Donald Trump’ın başkanlığı döneminde önerdiği “Amerika için Demir Kubbe” füze savunma sistemi, başlangıçta eleştirmenler tarafından gerçekçi bulunmamış ve “en saçma” planlardan biri olarak nitelendirilmişti. Ancak ulusal güvenlik uzmanları, bu sistemin Trump’ın ABD’yi füze tehditlerinden koruma kararlılığını simgelediğini belirtiyor.
Bu vizyon, ABD’yi Çin, Rusya, İran ve Kuzey Kore gibi ülkelerden gelebilecek gelişmiş füze tehditlerine karşı korumayı hedefliyor.

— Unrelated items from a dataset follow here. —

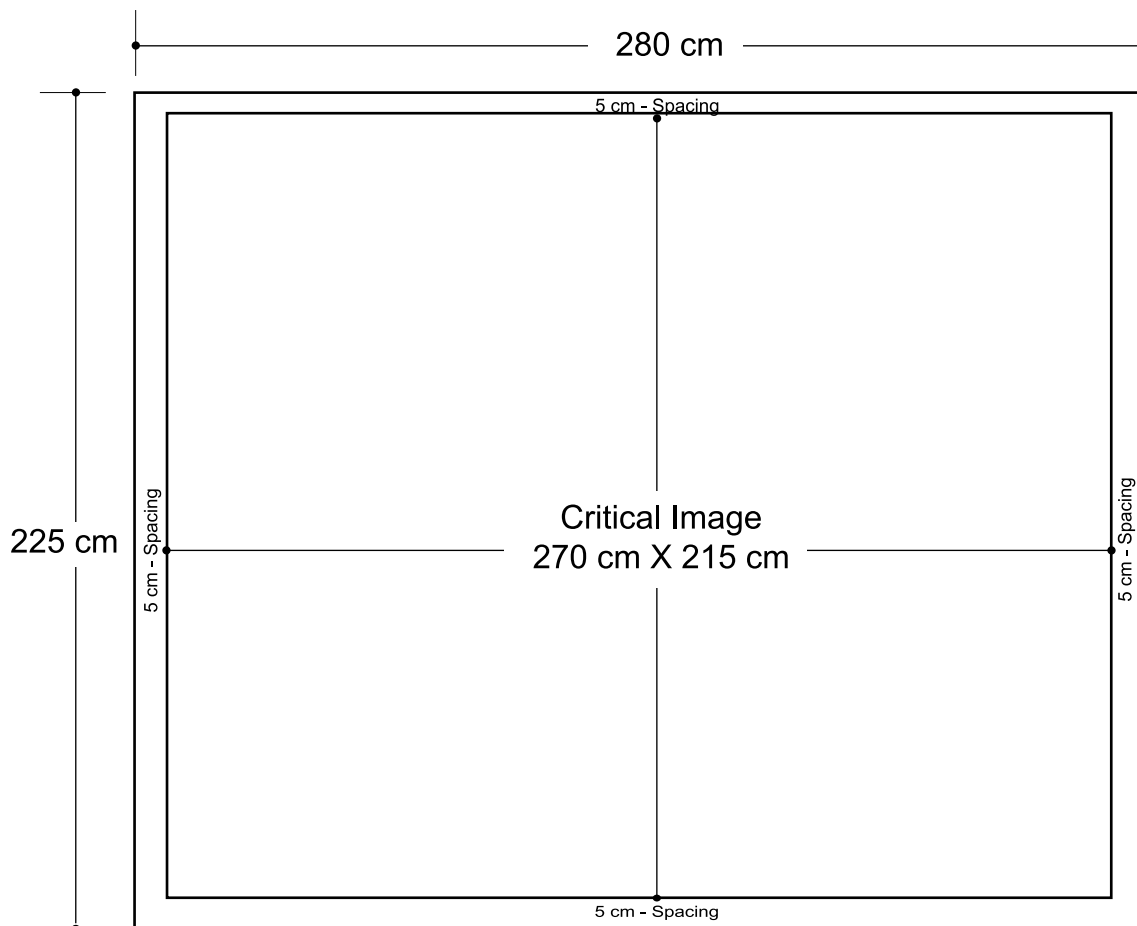

# Modular System (10x10 Wave)

## Graphic Specifications

- 150 dpi
- CMYK
- Actual Size
- JPEG file

#### 5cm Border

Critical images, such as text or non-background images, are **NOT** to be placed within 5cm of the edges. However, your artwork may allow non-critical images, such as background colour and images, bleed to the edges.
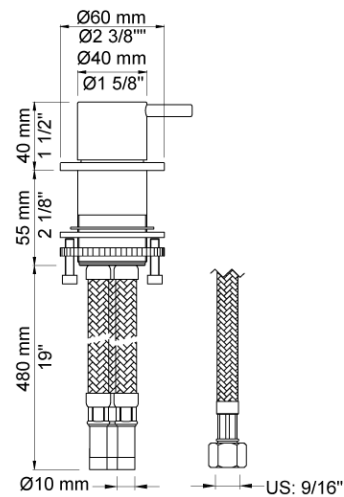

Date:

Client:

Project:

SC12

One-handle mixer 2x2500 with swivel spout 090E and hand shower T1.

Flow

	Bar:	1.0	2.0	3.0	4.0	5.0
090E	(l/min)	10.4	14.7	18.0	20.8	23.2
T1	(l/min)	5.8	8.2	10.0	11.6	12.9

Available in colors

090E
Swivel spout. Height 170 mm. Hole cut out size: 22 mm.

2500
One-handle table-mounted mixer, high flow.

T1
Deck mounted pull out hand shower, with hose. Work top: Max. 45 mm. Hole cut out size: 30 mm.

Özellikle uzay tabanlı teknolojilerdeki gelişmeler, bu tür bir sistemin maliyetini yüz milyarlar yerine, birkaç on milyar dolarlık bir seviyeye indirebilir.
Trump’ın önerisi, İsrail’in Demir Kubbe sisteminin birebir kopyasını inşa etmekten ziyade, ABD’ye özel bir savunma altyapısı oluşturmayı içeriyor. İsrail’in Demir Kubbe sistemi, daha kısa menzilli tehditlere odaklanırken, ABD’nin hedefi balistik ve hipersonik füze saldırılarına karşı koruma sağlamak.
Pentagon’un Guam’daki tesisler için Demir Kubbe sistemlerini İsrail’e iade etmesi, bu sistemlerin İran ve müttefiklerinden gelen tehditlere karşı daha etkili olabileceği yönündeki inancı yansıtıyor. Uzmanlar, Trump’ın bu terimi retorik bir araç olarak kullandığını ve uzay tabanlı önleyicilerle desteklenen modern bir füze savunma sistemi tasarlamak istediğini ifade ediyor.
ABD, füze savunması için önemli yatırımlar yapmış olsa da, mevcut sistemlerin sınırlamaları bulunuyor. Emekli Tuğamiral Mark Montgomery, ABD’nin konvansiyonel seyir ve balistik füze saldırılarına karşı kapsamlı bir koruma sağlayamadığını vurguluyor. Buna rağmen, güçlü bir yatırım ve caydırıcılık stratejisiyle bu açıkların kapatılması mümkün.
Ulusal güvenlik analistleri, ABD’nin uzay tabanlı önleyicilerle desteklenen modern bir füze savunma sistemi inşa edebileceğini ve bu hedefe ulaşmanın maliyetlerinin yönetilebilir seviyelerde tutulabileceğini belirtiyor. Trump’ın bu konuda gösterdiği irade, uzmanlar tarafından gelecekteki füze savunma sistemlerinin temeli olarak değerlendiriliyor.